Originally Posted by
Olym Hi everyone, this is my first post here. If this belongs in a different section, my apologies.
Question: P(z) := z^3 + pz + q, p and q are elements of Real numbers, u and v and Ϛ are elements of the complex numbers.

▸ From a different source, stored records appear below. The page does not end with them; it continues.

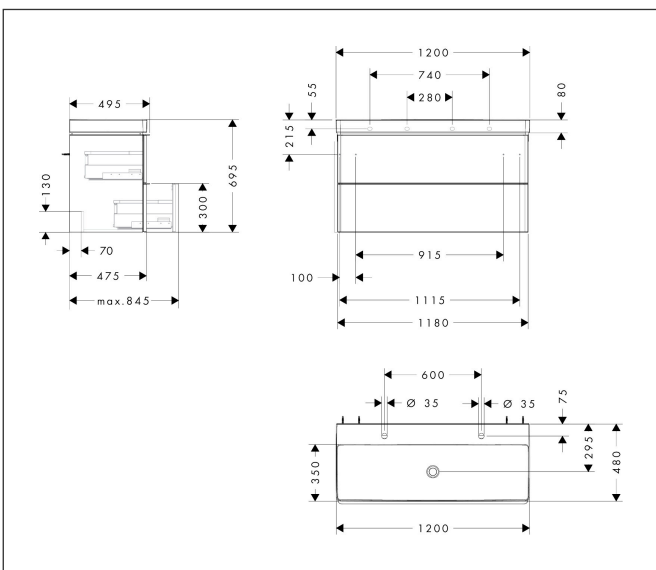

Merk	hansgrohe
Artikelnaam	Xelu Q badmeubel set Diamond Matt Grey 1180/475 met 2 lades met wastafel
Art.nr.	54387670
Oppervlakte	Oppervlak meubel: Diamond Matt Grey, Oppervlak handvat: mat zwart
Netto prijs	1.779,15 EUR

Product foto

Maat tekeningen

Kenmerken

- bestaat uit: badkamermeubel, wastafel
- zonder afvoergarnituur
- ruimtebesparende sifon moet apart worden besteld

Badkamermeubel

- aantal laden: 2 laden
- materiaal behuizing: vezelplaat van gemiddelde dichtheid (MDF)
- materiaal voorzijde: vezelplaat van gemiddelde dichtheid (MDF)
- oppervlaktemateriaal behuizing: thermofolie
- oppervlaktemateriaal voorzijde: thermofolie
- met greepstang
- materiaal grepen: aluminium
- SoftClose, voor vloeiend en zacht sluiten
- MoistureProof: duurzaam materiaal dat lang mooi blijft

wastafel

- materiaal: keramiek
- binnenhoogte wastafel: 100 mm
- glansgraad: glanzend

Technologie

Merk hansgrohe
 Artikelnaam **Xelu Q** badmeubel set Diamond Matt Grey 1180/475 met 2 lades met wastafel
 Art.nr. 54387670
 Oppervlakte Oppervlak meubel: Diamond Matt Grey, Oppervlak handvat: mat zwart
 Netto prijs 1.779,15 EUR

Benodigde onderdelen

Product foto	Artikelnaam	Art.nr.	Prijs
	hansgrohe Ruimtebesparende sifon voor wastafels 50 mm	54235000	41,18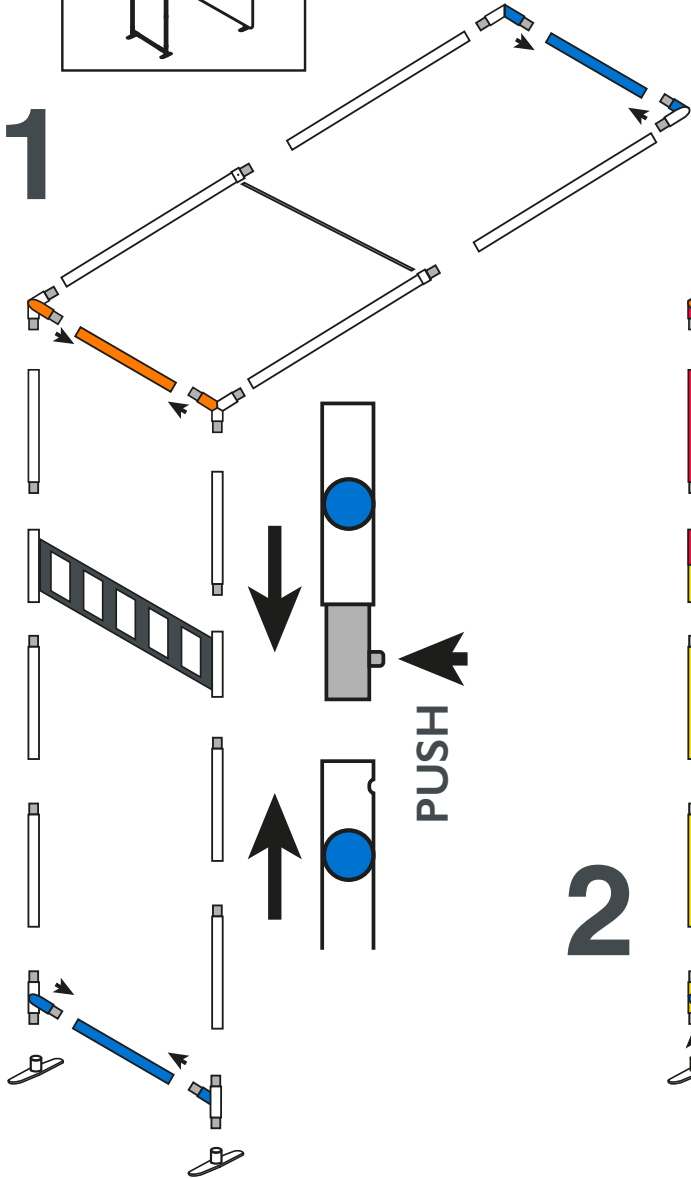

arche contour.3'x8' avec TV / contour.arch 3'x8' with TV

L'arche doit venir s'accrocher à un cadre préalablement monté.
The arch must be attached to a frame that is already set up.

NOTICE DE MONTAGE - SET UP INSTRUCTIONS CADRES - FRAMES

1

2

3

arche contour.3'x8' avec TV / contour.arch 3'x8' with TV

Conseils : utilisez les gants et travaillez sur un emplacement propre.

Tips: Use gloves and work on a clean site.

NOTICE DE MONTAGE - SET UP INSTRUCTIONS VISUEL - GRAPHIC

arche contour.3'x8' avec TV / contour.arch 3'x8' with TV

Conseils : utilisez les gants et travaillez sur un emplacement propre.

Tips: Use gloves and work on a clean site.

NOTICE DE MONTAGE - SET UP INSTRUCTIONS VISUEL - GRAPHIC

arche contour.3'x8' avec TV / contour.arch 3'x8' with TV

NOTICE DE MONTAGE - SET UP INSTRUCTIONS
TV - TV

1

2

3

u^3 = (-q/2) + sqrt((q/2)^2 + (p/3)^3) and v^3 = (-q/2) - sqrt((q/2)^2 + (p/3)^3)
and Ϛ^3 = 1
Show that z1 = u + v, z2 = Ϛu + (Ϛ^2)v and z3 = (Ϛ^2)u + Ϛv fufill the condition that P(z1) = P(z2) = P(z3) = 0
I have the following:
u^3 + v^3 = -q
and (u*v)^3 = (u^3)*(v^3)
= ((-q/2) + sqrt((q/2)^2 + (p/3)^3))*((-q/2) - sqrt((q/2)^2 + (p/3)^3))
= ((-q^2)/4)) - ((p^3)/27)
and
P(z1) = (u+v)^3 + p(u+v) + q
= u^3 + v^3 + 3((u^2)*v + u*(v^2)) + p(u+v) + q
= 3((u^2)*v + u*(v^2)) + p(u+v)
I don't know how to continue.
Thanks for any help.